The US Capitol Has a History of Violence, From Shootings to Mass Brawls

One fight among congressmen ended when one representative accidentally pulled the toupee off another and Congress broke out in laughter.

Many Americans were stunned as they watched rioters storm the U.S. Capitol earlier this month, but the insurrection was only the latest incident in a long history of violence the federal building has seen since its original erection in 1800.

“Between 1830 and 1860, there were at least 70 violent incidents on the House and Senate Floor,” Joanne Freeman, a historian at Yale University, told Inside Edition Digital. “Canings, fistfights, brawls, knives being pulled, guns being pulled – often not being reported on the record, so often not necessarily known about.”

The most famous incident, Freeman said, is the caning of Charles Sumner in May 22, 1852. At the peak of the debates over slavery, Sen. Charles Sumner, a prominent abolitionist, had gave a speech about whether Kansas would be a free state or a slave state.

“Obviously, Sumner did not want it to be a slave state, but in the speech that he gave, he insulted the South,” Freeman explained.

Rep. Preston Brooks, a pro-slavery Senator, was one of many who felt personally offended by his speech. “He heard what happened, actually checked the newspaper to be sure that he had gotten the words right, and then decided that he was going to punish Sumner for what he had said,” Freeman said. “It was a matter of honor. His honor, his family's honor, South Carolina's honor.”

In retaliation, Brooks brought a cane to the Senate, walked up to Brooks’ desk, then began brutally beating him over the head with the cane.

“The desks in the Senate were bolted to the ground, so Sumner, in shock, can’t immediately get away because he can’t get from underneath his desk,” she said. “In a panic to get away, he wrenched this bolted desk from the ground with brooks, all this time, continuing to really attack him.”

Sumner then ended up escaping to the front of the chamber, “bleeding profusely from the head and unconscious, shattered the cane in the process incidentally,” Williamjames Hoffer, a historian at Seton Hall University, told Inside Edition Digital.

In February 1858, a mass brawl broke out in Congress when Congressman Laurence Keitt saw Congressman Galusha Grow step over to the opposing side of the chamber. Keitt demanded Grow step back over the line, to which Grow responded, “I don’t have to listen to a whip-holding slave driver,” Freeman explained.

The pair ended up in a physical altercation, and other Congressmen eventually join in. “The end result is a mass brawl of scores of congressmen fighting, physically fighting, in the space in front of the speaker’s chair in the House,” Freeman said.

“One congressman pulled another congressman’s toupee off his head by mistake and he shouts out, ‘I scalped him,’ and everyone looks around and everyone laughs at the follicly-challenged representative,” Hoffer said.

Freeman and Hoffer agreed these two events likely preempted the Civil War in 1861.

There was also an incident in 1954, in which four Puerto Rican nationalists, rallying for an independent Puerto Rico, open fired on the floor of the House of Representatives from a visitor’s gallery.
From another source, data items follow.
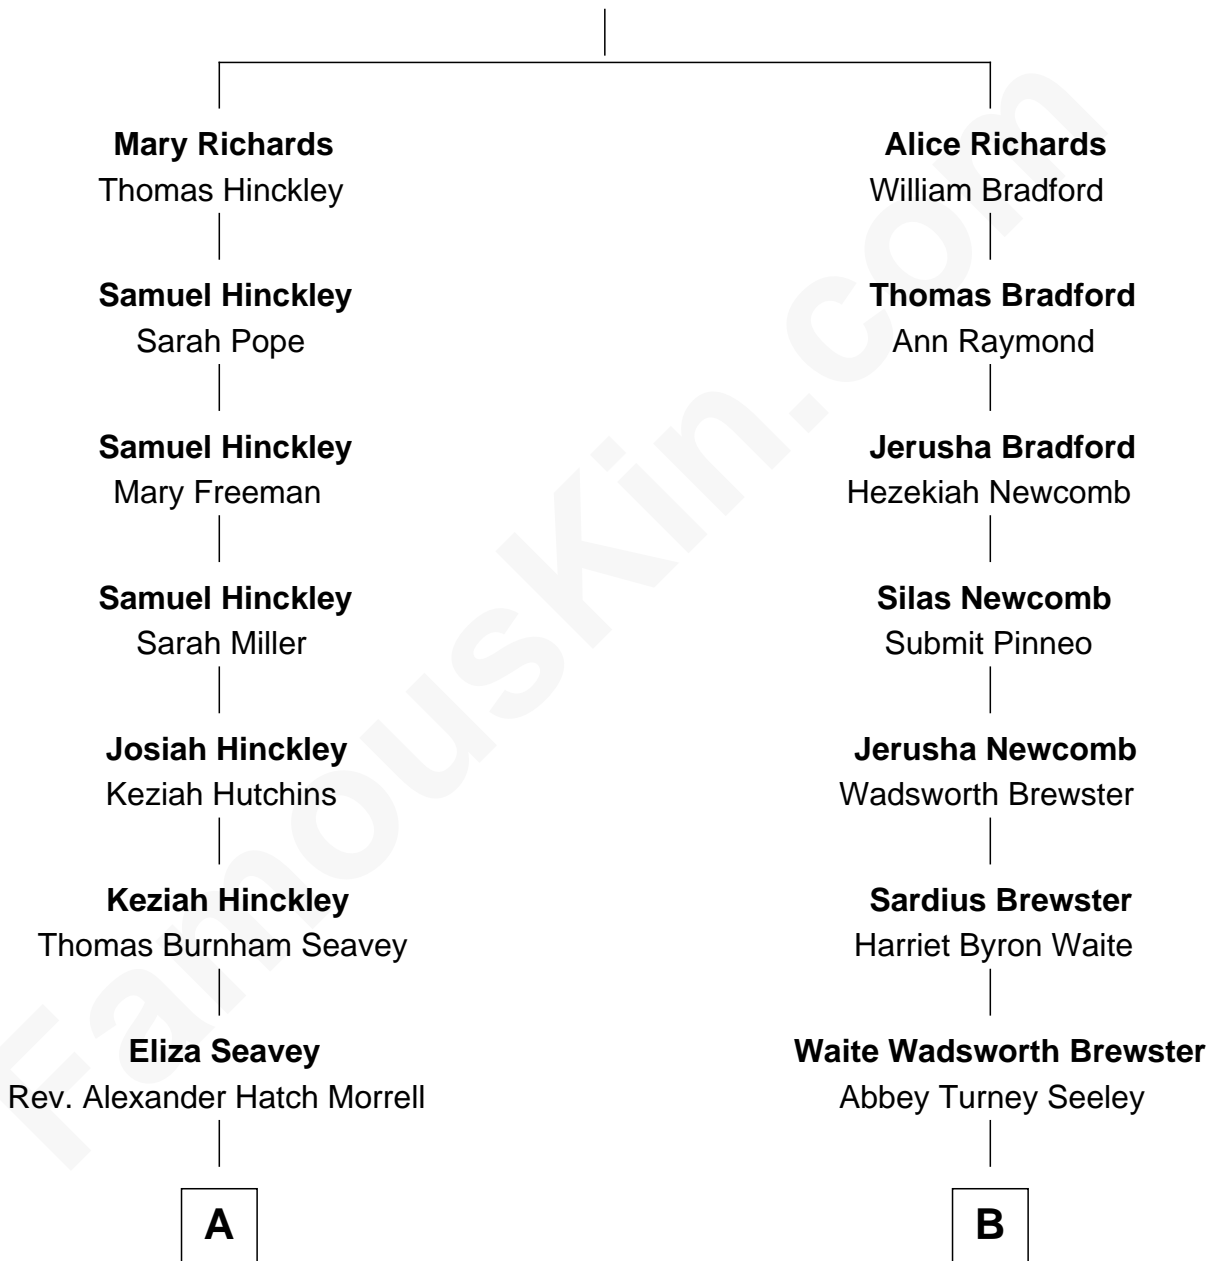

FamousKin.com Relationship Chart of

Bette Davis

Movie Actress

9th cousin 1 time removed of

Diane Brewster

TV and Movie Actress

Thomas Richards

Welthian - - - - -

A

Eliza Jane Morrell
Edward Elwell Davis

Harlow Morrell Davis
Ruth Augusta Favor

Bette Davis
Movie Actress

B

Arthur Seeley Brewster
Annie Harriet Byard

Reginald Raymond Brewster
Grace Anna Sloane

Phillip Sloane Brewster
Geraldine Craddock

Diane Brewster
TV and Movie Actress

FamousKin.com

Five representatives were injured, including Congressman Alvin Bentley, who witnesses recalled “lying on the floor, bleeding extensively, very very badly in the waist.”

The shooters were apprehended, convicted and sentenced to long terms in prison. In the late 1970s, President Jimmy Carter commuted their sentences.

For both Hoffer and Freeman, these lessons remind the public that “Our politicians, and of course the people of Washington, D.C., are subject to violence just as much as anyone else is,” Hoffer explained.

Freeman added, “Democracy is vulnerable in ways that I don’t think Americans often think of.”